Where properly developed, a school's library is already the hub for networking and information access. As the learning commons concept grows, a school library's collection-based facilities will continuously change and expand, creating access-based services suited to the needs of a school community. This process will mean changes in the operations of a school's library. Resource collections will need to be reshaped even more rapidly and readily than currently to reflect their communities as well as the world at large. It is the only way for a library's access to the global, interconnected, and interactive communication networks of the future.

Every member of a school's population will ultimately participate in the creation of a learning commons, but the concept's early coordination and leadership will rest with school library expertise. In working together, teacher-librarians in partnership with others can modify the process, content, product, and environment to meet the needs of a diverse student population. The result will be empowered learners. The learning commons model creates an ideal environment for the teacher-librarian to utilize teaching methods that allow for both formal and informal learning.
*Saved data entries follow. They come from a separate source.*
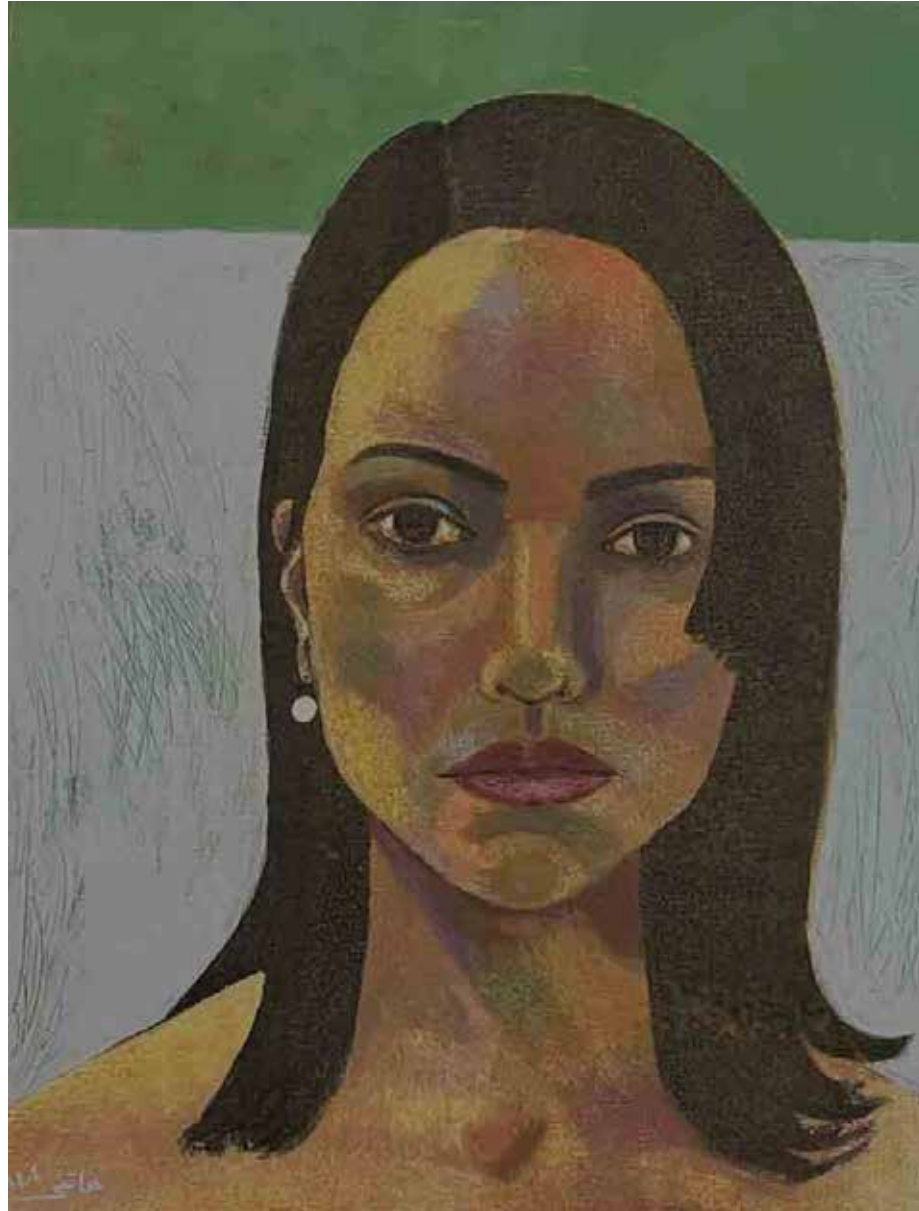

Marjan Hatefi | 40 x 30 cm | Acrylic on Canvas | 8.000.000 Toman
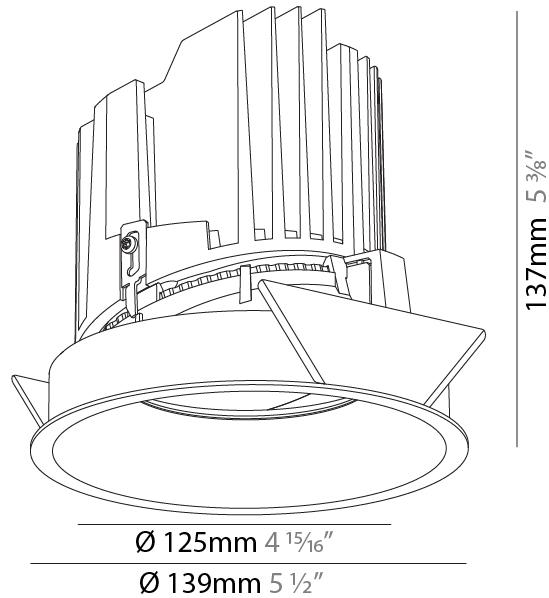

GENERAL

Series: Bioniq
Subseries: Bioniq Round Semi Adjustable
Brand: Prolicht
Division: Architectural
Mounting Type: Recessed
Mounting Location: Ceiling
Subcategory: Downlight

PHYSICAL

Shape: Round
Diameter (mm): 139
Diameter (in): 5 1/2
Height (mm): 137
Height (in): 5 3/8
Ceiling Thickness (mm): 10 / 12.5 / 15
Ceiling Thickness (in): 3/8 or 1/2 or 9/16
Min. Recessing Depth (mm): 150
Min. Recessing Depth (in): 5 7/8
Light Distribution: Adjustable / Downlight
Weight (kg): 0.856
Weight (lbs): 1.89
Fixture Finish: SSR / BKV / CWI / CRY / HAB / LAG / UFT / ITA / RUA / RUR / MIC / FTG / MYG / TWT / LOD / PUS / FRO / FUP / KIA / POP / BLS / SPG / MEY / GOH / GUM / CHC / COM / ABZ / JAG / OBR / MOS / ROR
Fixture Material: Aluminum Die Cast
Cut-out Measurements: 130mm / 5 1/8"

OPTICAL

Reflector: 20 / 40 / 60
Adjustability: Rotational 355°; Tilt 10°

RATINGS AND CERTIFICATIONS

Certified By: Certified for North American Standards
IP rating: IP20

	130mm 5 1/8"	150mm 5 7/8"	10 15mm 3/8" 9/16"	10°	355°	
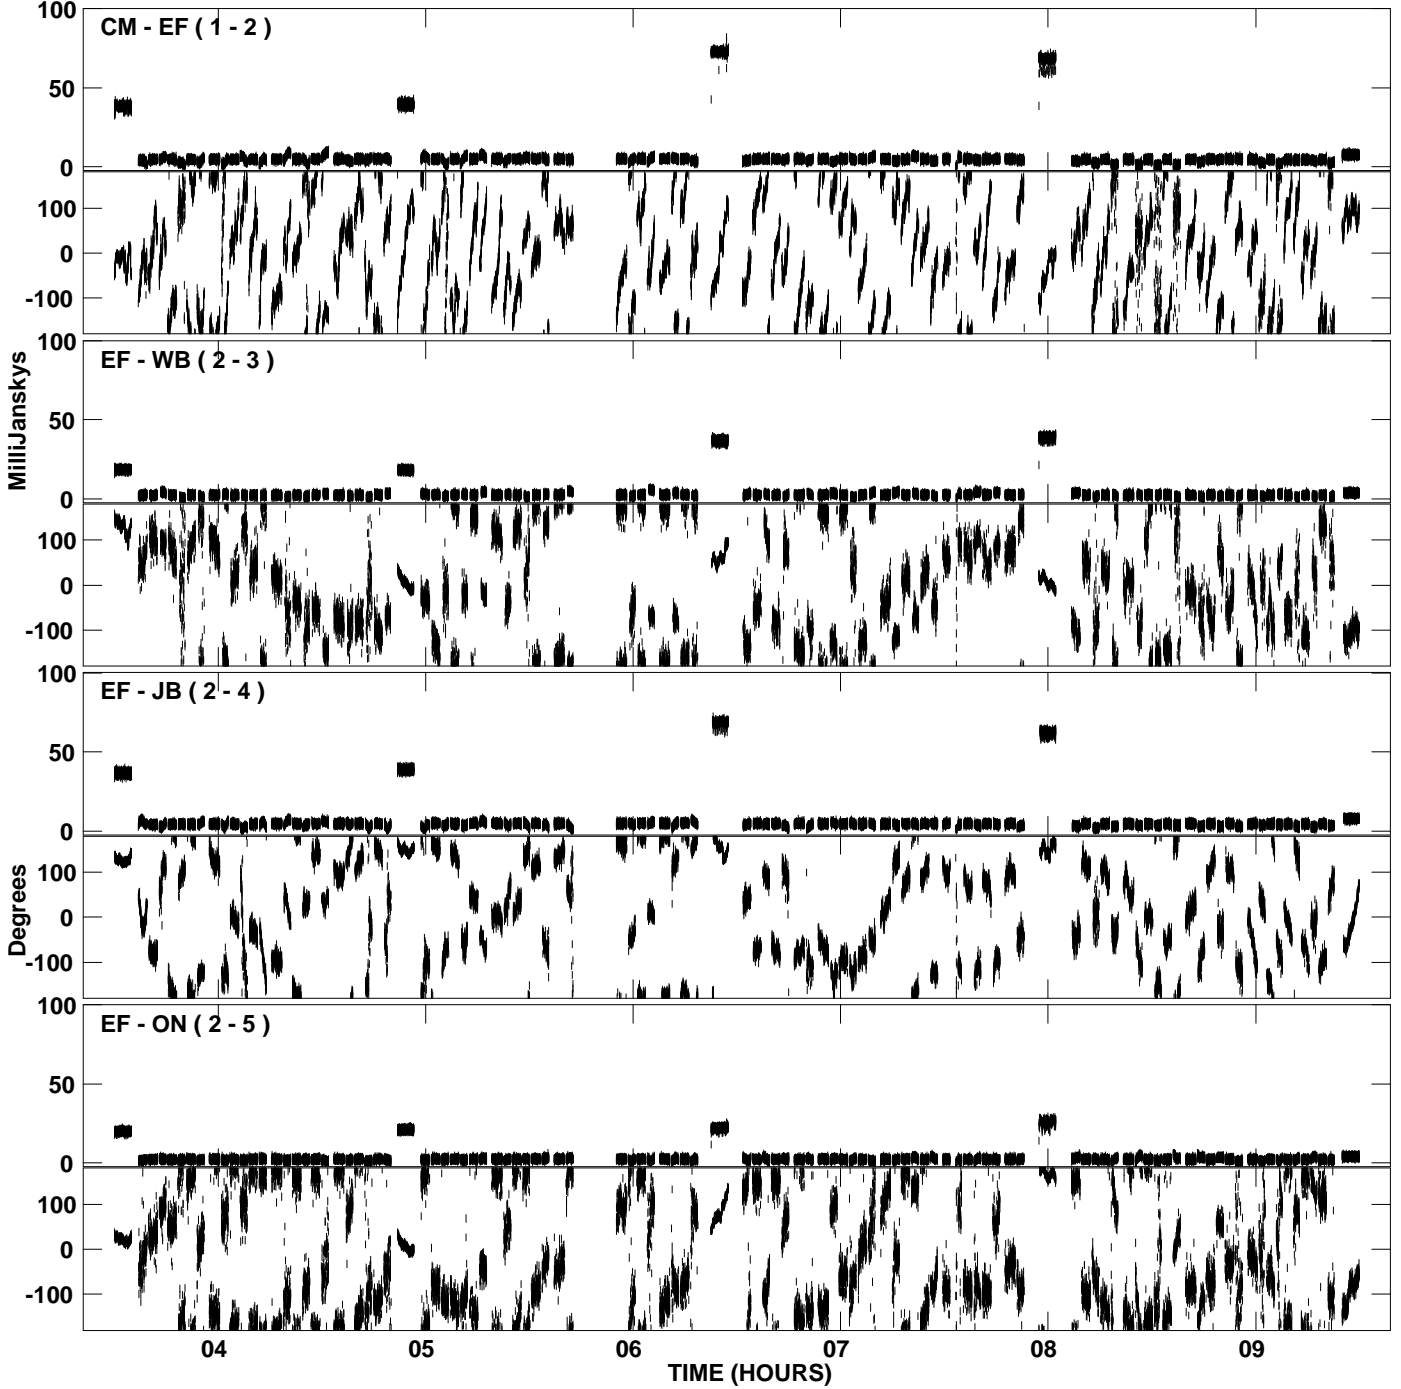

PLot file version 1 created 15-JUL-2009 11:55:06
Amplitude andPhase vs Time for EM064F 2.UVDATA.1 Vect aver.
IF 1 CHAN 1 - 1024 STK LL

PLot file version 2 created 15-JUL-2009 11:55:06
Amplitude andPhase vs Time for EM064F 2.UVDATA.1 Vect aver.
IF 1 CHAN 1 - 1024 STK LL

PLot file version 3 created 15-JUL-2009 11:58:50
Amplitude andPhase vs Time for EM064F 2.UVDATA.1 Vect aver.
IF 1 CHAN 1 - 1024 STK RR

PLot file version 4 created 15-JUL-2009 11:58:50
Amplitude andPhase vs Time for EM064F 2.UVDATA.1 Vect aver.
IF 1 CHAN 1 - 1024 STK RR

Recent research on academic libraries shows that students rely heavily on quiet, structured study spaces, especially when their living environments are noisy or crowded. Studies of late-night library use at multiple universities have found that students use these spaces primarily for focused academic tasks such as studying, writing, and preparing for exams, and that access to quiet environments contributes to their productivity and academic confidence.

== Educational commons ==
Educational commons are conceptually related to learning commons but focus on the shared governance, open access, and collaborative creation of educational resources. Defined as the process of learning, transmission, and acquisition of knowledge, and methods of governing this process are collectively managed and co-constructed by the entire educational community. Whereas learning commons focus on the physical or virtual spaces where collaboration and resource-sharing occur, educational commons focus on the process and resources themselves such as textbooks, curricula, and digital learning materials, ensuring that they are freely available and co-managed by communities.

The educational commons framework builds on principles of open access and community participation, based on the work of Elinor Ostrom on commons-based resource management, in alignment with the goals of democratizing education and reducing systemic inequalities by treating knowledge as a shared public good rather than a private commodity.

The concept of educational commons complements the goals of learning commons by emphasizing the importance of collaboration in not just how resources are used but also how they are created and governed. Although both frameworks follow the principles of the commons in the educational and knowledge sector that aim for foster inclusivity, equity, and community engagement, educational commons focus more broadly on the systemic level of resource accessibility and management.

One of the key applications of educational commons is through open educational resources (OER), which are freely accessible teaching, learning, and research materials, often made available through online platforms. OER initiatives, such as those championed by UNESCO, aim to bridge the gap in educational access by removing financial and geographical barriers to learning. For example, in rural and underserved areas, OER can provide students and teachers with access to high-quality educational content without need for costly textbooks or proprietary software.

Examples of educational commons include:
- Open-access platforms like Khan Academy and OpenStax, which provide free educational materials to learners worldwide.
- Community-driven initiatives, in which local educators collaboratively develop and share curricula tailored to their region's needs.